## DATASET ENTRIES:
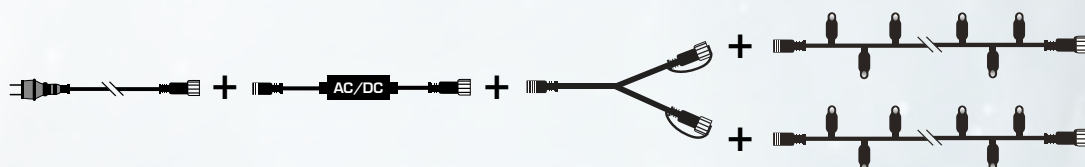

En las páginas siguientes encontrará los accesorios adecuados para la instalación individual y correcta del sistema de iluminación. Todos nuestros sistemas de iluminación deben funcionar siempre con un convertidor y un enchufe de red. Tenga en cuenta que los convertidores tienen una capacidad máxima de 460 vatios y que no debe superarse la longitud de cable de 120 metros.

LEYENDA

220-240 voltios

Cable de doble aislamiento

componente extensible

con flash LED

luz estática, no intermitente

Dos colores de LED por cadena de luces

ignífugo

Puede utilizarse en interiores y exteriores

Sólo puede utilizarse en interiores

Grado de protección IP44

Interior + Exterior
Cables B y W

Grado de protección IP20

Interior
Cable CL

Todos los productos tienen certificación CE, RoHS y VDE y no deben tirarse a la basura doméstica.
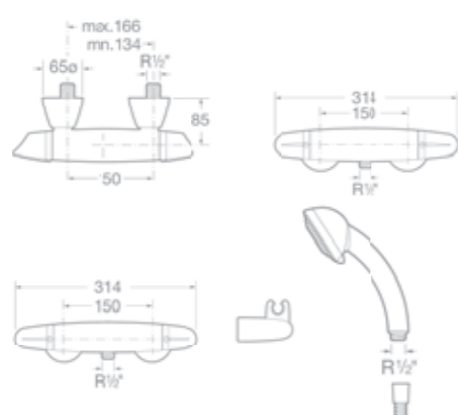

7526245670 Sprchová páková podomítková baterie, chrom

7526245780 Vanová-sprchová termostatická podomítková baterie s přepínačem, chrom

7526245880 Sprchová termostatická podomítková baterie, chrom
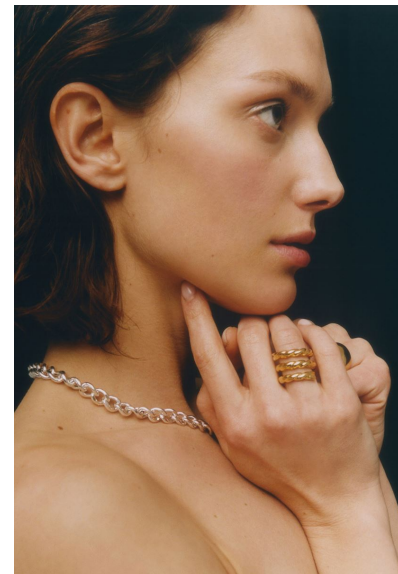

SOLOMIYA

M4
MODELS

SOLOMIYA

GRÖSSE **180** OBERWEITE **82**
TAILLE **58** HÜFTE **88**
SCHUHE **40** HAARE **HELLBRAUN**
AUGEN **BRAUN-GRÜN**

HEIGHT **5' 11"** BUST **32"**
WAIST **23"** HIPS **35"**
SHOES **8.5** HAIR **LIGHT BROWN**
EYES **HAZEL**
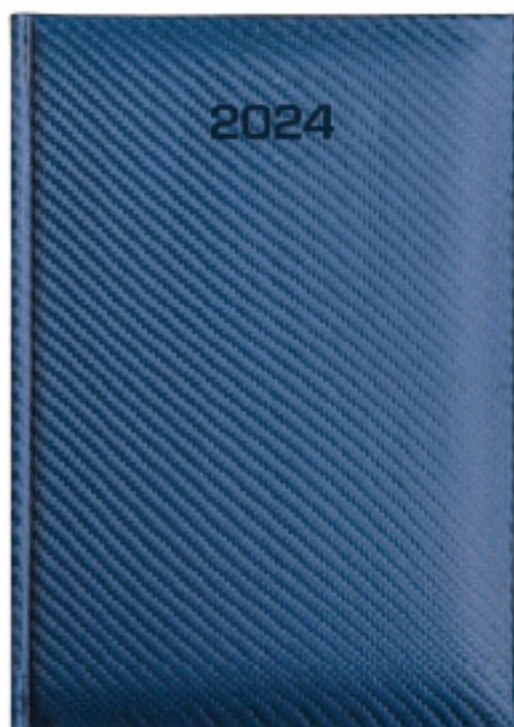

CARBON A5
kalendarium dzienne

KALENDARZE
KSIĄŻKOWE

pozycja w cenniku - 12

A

## EXERCISE BRIEF:
From the listing above, determine how many lines contain "Grado", then write only that number.

## RESULT FOR THIS TASK:
2